---------- LISTED ENTRIES

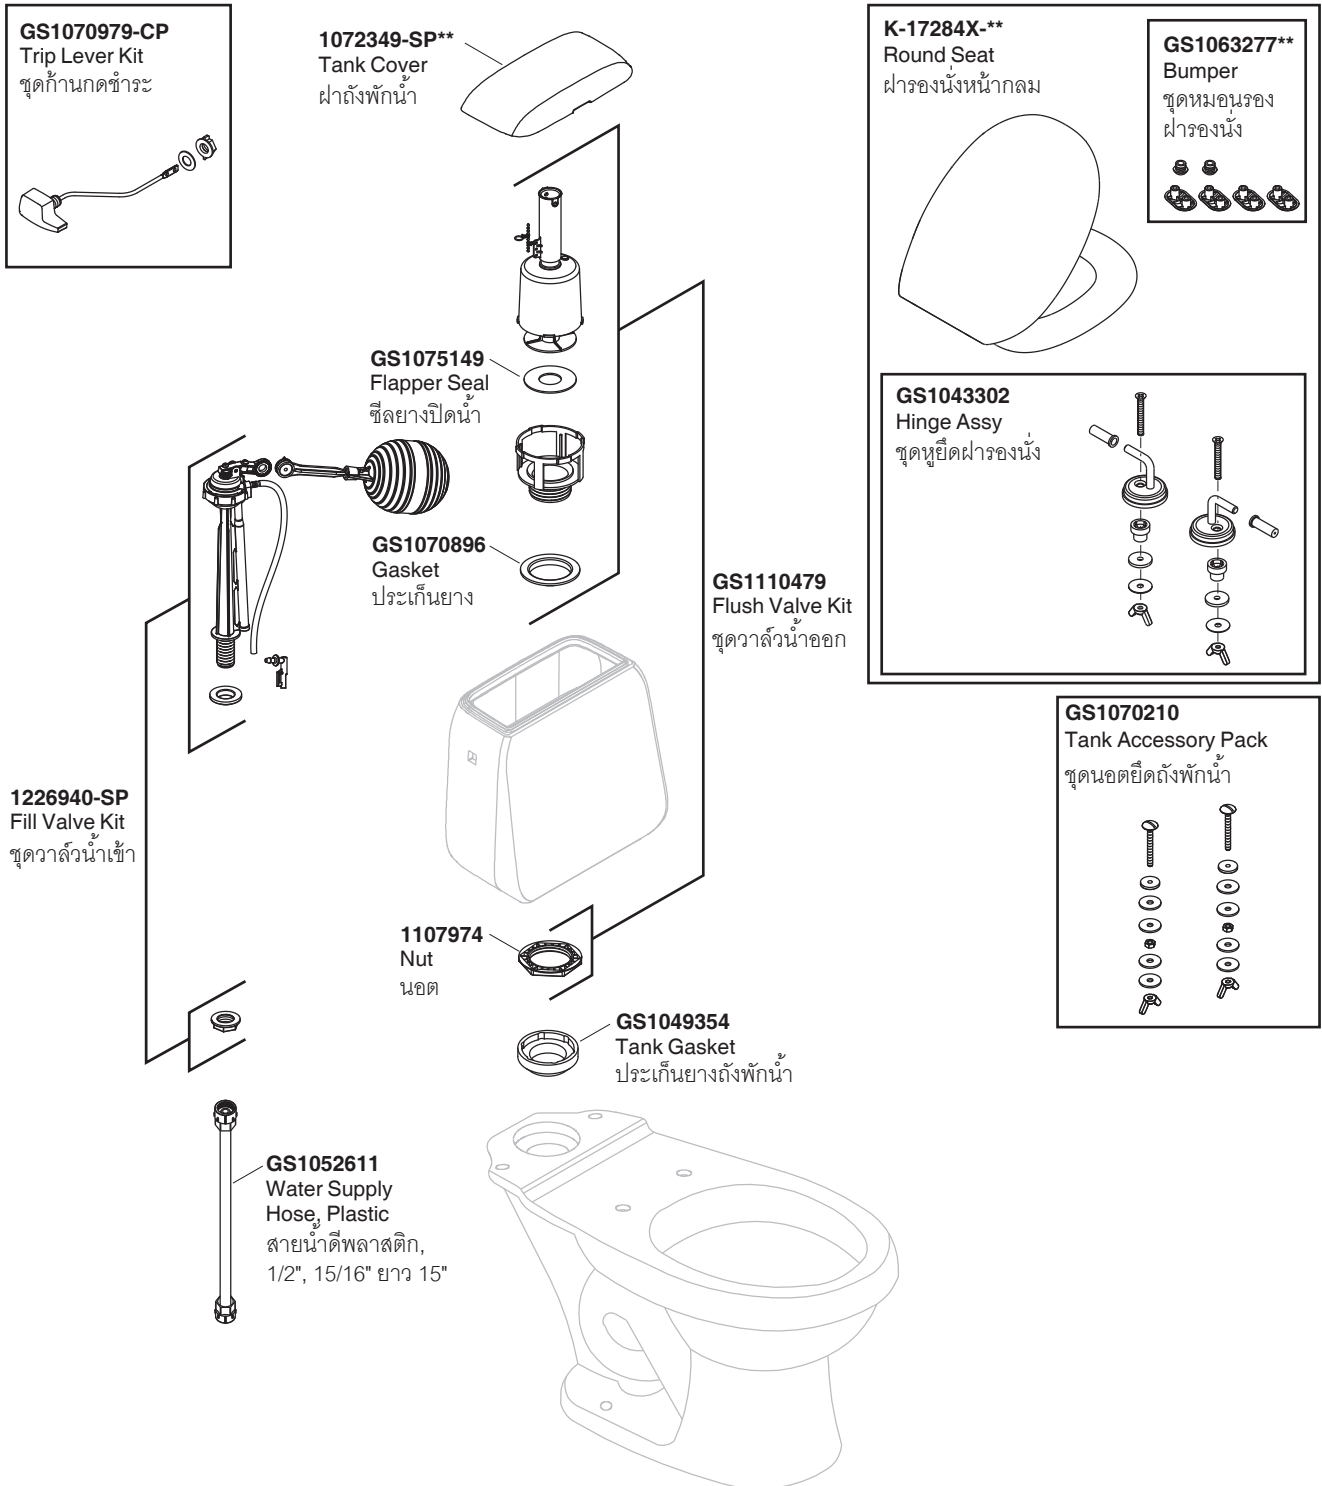

KARAT®

SERVICE PARTS

SUPERSAVER 3.75L TOILET

สุขภัณฑ์สองชั้น ซุปเปอร์เซฟเวอร์ 3.75 ลิตร

K-18845X

Model Toilet / รุ่น	Bowl / โถสุขภัณฑ์	Tank / ถังพักน้ำ	Seat / ฝารองนั่ง	Tank Trim Kit / ชุดอุปกรณ์ถังพักน้ำ
K-18845X-**	K-12402X-**	K-12405X-LT-**	K-17284X**	1085525-SP-CP

**Finish/color code must be specified when ordering
 **ระบุรหัสสี/สีเคลือบผิว/สีในการสั่งซื้อผลิตภัณฑ์

--------------------

- **PROBLEM DETAILS**
The expected output is the run of lines from the one holding "สุขภัณฑ์สองชั้น ซุปเปอร์เซฟเวอร์ 3.75 ลิตร" to the last line of the entries above, each reproduced character for character.

- **SOLVED EXERCISE**
สุขภัณฑ์สองชั้น ซุปเปอร์เซฟเวอร์ 3.75 ลิตร

K-18845X

Model Toilet / รุ่น	Bowl / โถสุขภัณฑ์	Tank / ถังพักน้ำ	Seat / ฝารองนั่ง	Tank Trim Kit / ชุดอุปกรณ์ถังพักน้ำ
K-18845X-**	K-12402X-**	K-12405X-LT-**	K-17284X**	1085525-SP-CP

**Finish/color code must be specified when ordering
 **ระบุรหัสสี/สีเคลือบผิว/สีในการสั่งซื้อผลิตภัณฑ์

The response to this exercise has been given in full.